Report of the Rutgers University Libraries
Task Force on Liaison Relationships
Connie Wu, Chair
Myoung Chung Wilson
Following is the revised text of a report submitted by the Task Force on Liaison Relationships at Rutgers University Libraries(RUL). The Task Force was appointed in May 1991 by the then Vice President for Information Services and University Librarian Joanne Euster and was charged with exploring and formulating solutions in two related areas: 1) To develop a model which described the major components of a successful liaison relationship and 2) To propose methods for fostering effective liaison between librarians and academic departments and faculty.
The members of the Task Force reviewed related literature and conducted a survey among 44 subject specialists at RUL. In October 1991, a report with recommendations and suggestions was submitted for discussion and review.
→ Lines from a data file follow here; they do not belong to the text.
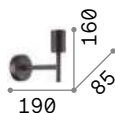

IP20

IP20

0,900 Kg / 0,0063 m³
E27 max 1x60W +
LED 3W / 220 lm

0,370 Kg / 0,0032 m³
E27 max 1x60W

0,023 Kg / 0,0238 m³

0,012 Kg / 0,0180 m³

0,013 Kg / 0,0180 m³

0,011 Kg / 0,0180 m³

€ 105

€ 50

€ 50

€ 25

€ 25

€ 22

- 259819 White
- 259833 Nickel
- 259826 Black
- 259857 Brass

- 259765 White
- 259796 Nickel
- 259772 Black
- 259802 Brass

- 260433 White
- 270005 Black
- 260440 Beige

- 260327 White
- 269986 Black
- 260334 Beige

- 260068 White
- 260075 Black
- 260082 Beige

- 260341 White
- 270036 Black
- 260358 Beige

3000 K
900 lm
123899 € 7,00

3000 K
900 lm
123899 € 7,00

The report has been distributed widely. Within the libraries, the report was discussed at various library forums and was accepted as a "toolkit" for use in developing working relationships with the teaching faculty. Outside of the libraries, the report was distributed to many university faculty committees. In response to the report, the chair of the Rutgers New Brunswick Campus Faculty Council Library Committee solicited faculty viewpoints. Responses were obtained from 21 departments. The University Senate unanimously adopted a resolution "...that this report be made available to all research, instructional, and service units, so that they may discuss the reciprocal responsibilities of individual faculty members and departments, and communicate, as they find appropriate, with the librarians about their discussions."
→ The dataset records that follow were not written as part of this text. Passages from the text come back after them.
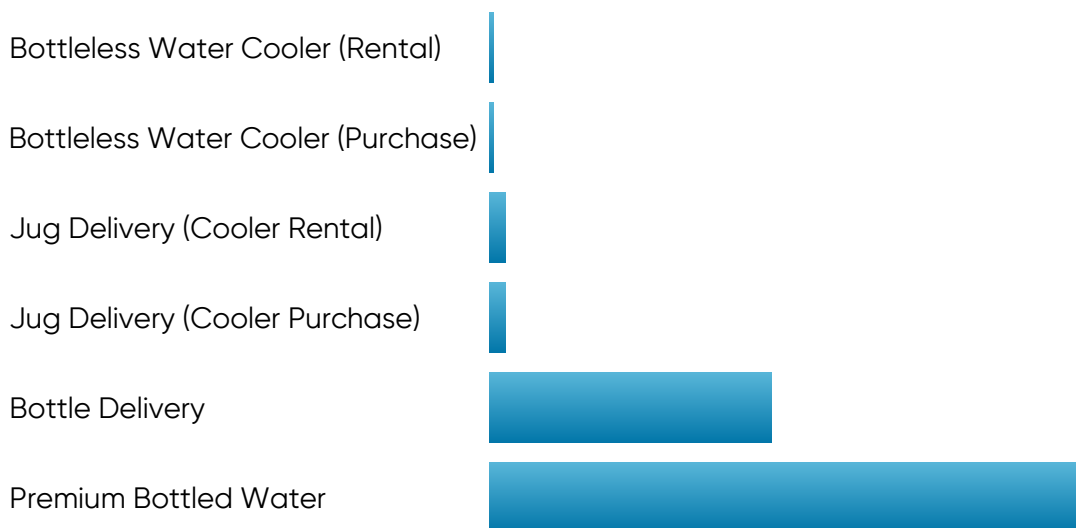

DAILY NUMBER OF USERS:

Estimated Total Annual Cost

CO2 Equivalent: Miles in Passenger Vehicle

CO2 Equivalent: Operating Hours of LED Lightbulb

CO2 Equivalent: Miles Flown on a Passenger Airplane

CO2 Equivalent: Pounds of Coal Burning

Rutgers, the State University of New Jersey, is a large, public teaching and research institution located on three regional campuses in New Brunswick, Newark, and Camden. 47,000 students, of which more than 14,000 are graduate students attend the university and there are over 2,000 faculty. Ph.D degrees are offered in 61 fields. The largest campus is in New Brunswick where the most of the graduate programs and research institutes are located.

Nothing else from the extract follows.